In other words, the law can pretend sex = gender identity, but reality won't play along. Sex will still matter. What's at issue is whether the law will be able to address sex—or not.
Women and girls are oppressed on the basis of sex, not gender identity. Changing your gender identity does not change your sex. Therefore the law must continue to recognize sex and address the unique capabilities and vulnerabilities of women and girls as a sex class.
Rewriting the law to recognize gender id by erasing sex will harm women and girls, and make it more difficult to identify & fairly adjudicate conflicts that arise.
The #EqualityAct—as currently written—would make self-declaration what determines whether someone is "female" or "male," and who can use female facilities, be housed in female domestic violence refuges and prisons, compete in female sports, and represent female people.
But self-declaration has never been what determines women and girls' ability to exercise basic human rights or participate fully and equally in society. When we talk about the rights of women and girls, we're talking not about self-identity, but sex.
Women have never 'identified' as people undeserving of basic civil and human rights. 

Yet it doesn't seem to matter much how women identify.
US women in the last century have gone without the right to vote, inherit, get a divorce, seek custody of our children, access birth control and abortion, own credit cards, receive adequate maternity care and leave, seek redress for sexual harassment, and much more.
Just over 100 years ago we could not self-declare our right to vote—the law's refusal to recognize the rights of women as a sex class has held women back for much of US history.
When it comes to menstruation, pregnancy, abortion, and childbirth, it's sex—not gender identity—matters.

We can't self-declare our way out of an unintended pregnancy or around abortion restrictions.

https://www.guttmacher.org/state-policy/explore/abortion-policy-absence-roe
When African-American women face high rates of maternal mortality, when Native women disappear, when women in ICE detention undergo involuntary hysterectomies—the relevant intersections are race/ethnicity, immigration status, socioeconomic status, and sex—not gender identity.
When it comes to access to political representation, women have been excluded on the basis of our sex, not gender identity. But women are losing representation for our experiences & interests.

Does this look like equal representation for men and women to you?
When it comes to refuges, homeless shelters & prisons, sex matters. Housing vulnerable women in mixed-sex spaces violates their rights to safety, privacy, and dignity. Special accommodations can & should be made for trans people's safety & dignity. https://kareningalasmith.com/category/women-only/
When it comes to sports, it's sex, not gender identity, that determines whether competition is safe and fair or wildly unequal and dangerous for female athletes.
At every step, the law has been a vital tool in (eventually!) recognizing and remedying sex-based inequalities.
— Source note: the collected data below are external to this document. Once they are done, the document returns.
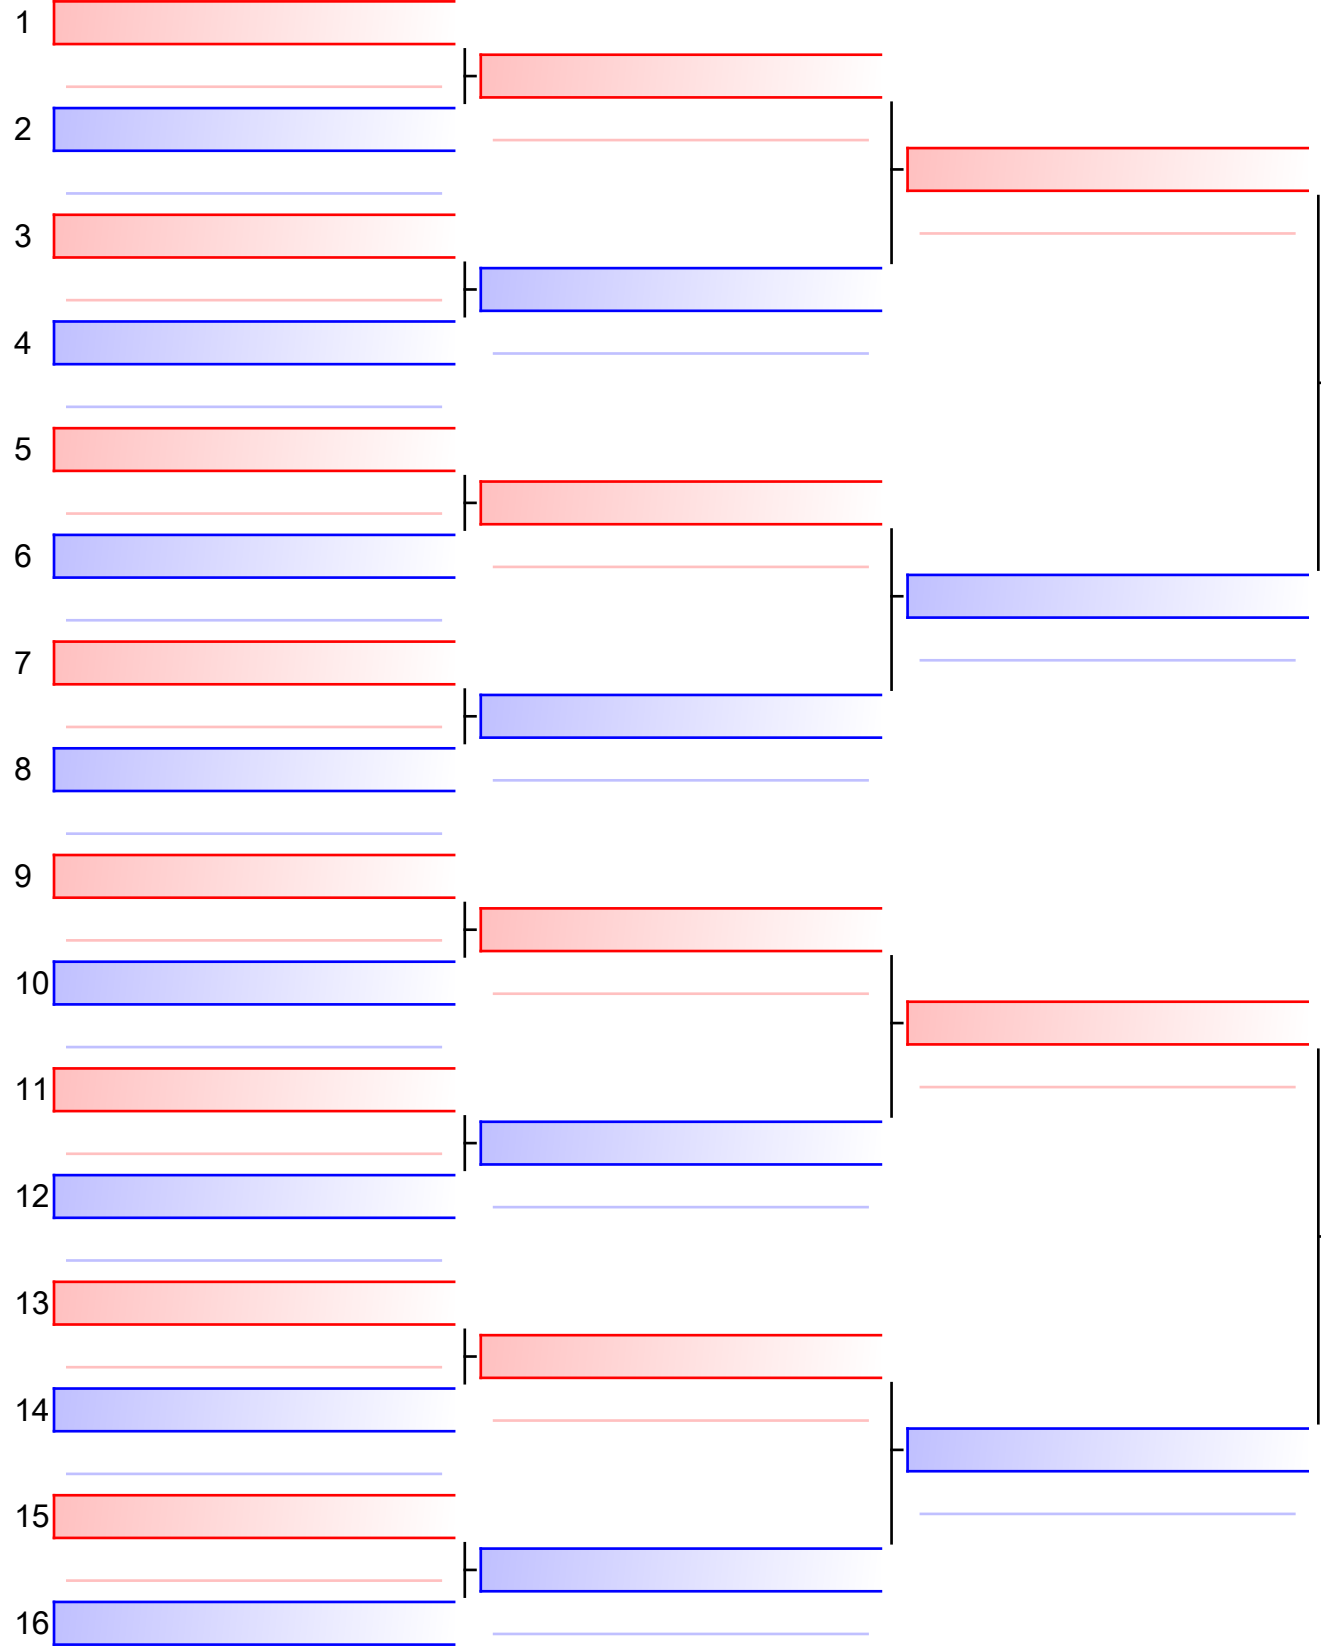

Training Camp and Kids Competition - Kumite Female U14 -42 kg

7th WKF Youth Training Camp and Kids Competition & Karate 1 WKF Youth World Cup

Tatami

Pool
1/1

Final

RUS681 SHEBANOVA VARVARA (RUS)

CRO2075 HAMER LUNA (CRO)

[Original]

Referees:

Take the example of Ruth Bader Ginsburg, who made it her life's work to fight discrimination on the basis of sex.
Why should women be redefined from a sex class to a mixed-sex class based on gender id that privileges the identity claims of male people over the lived experiences of female people?

Why not protect trans people as trans people, rather than writing fictions into the law?
Sex =/= gender identity. These differences matter. And the law—and our lawmakers—should not pretend otherwise.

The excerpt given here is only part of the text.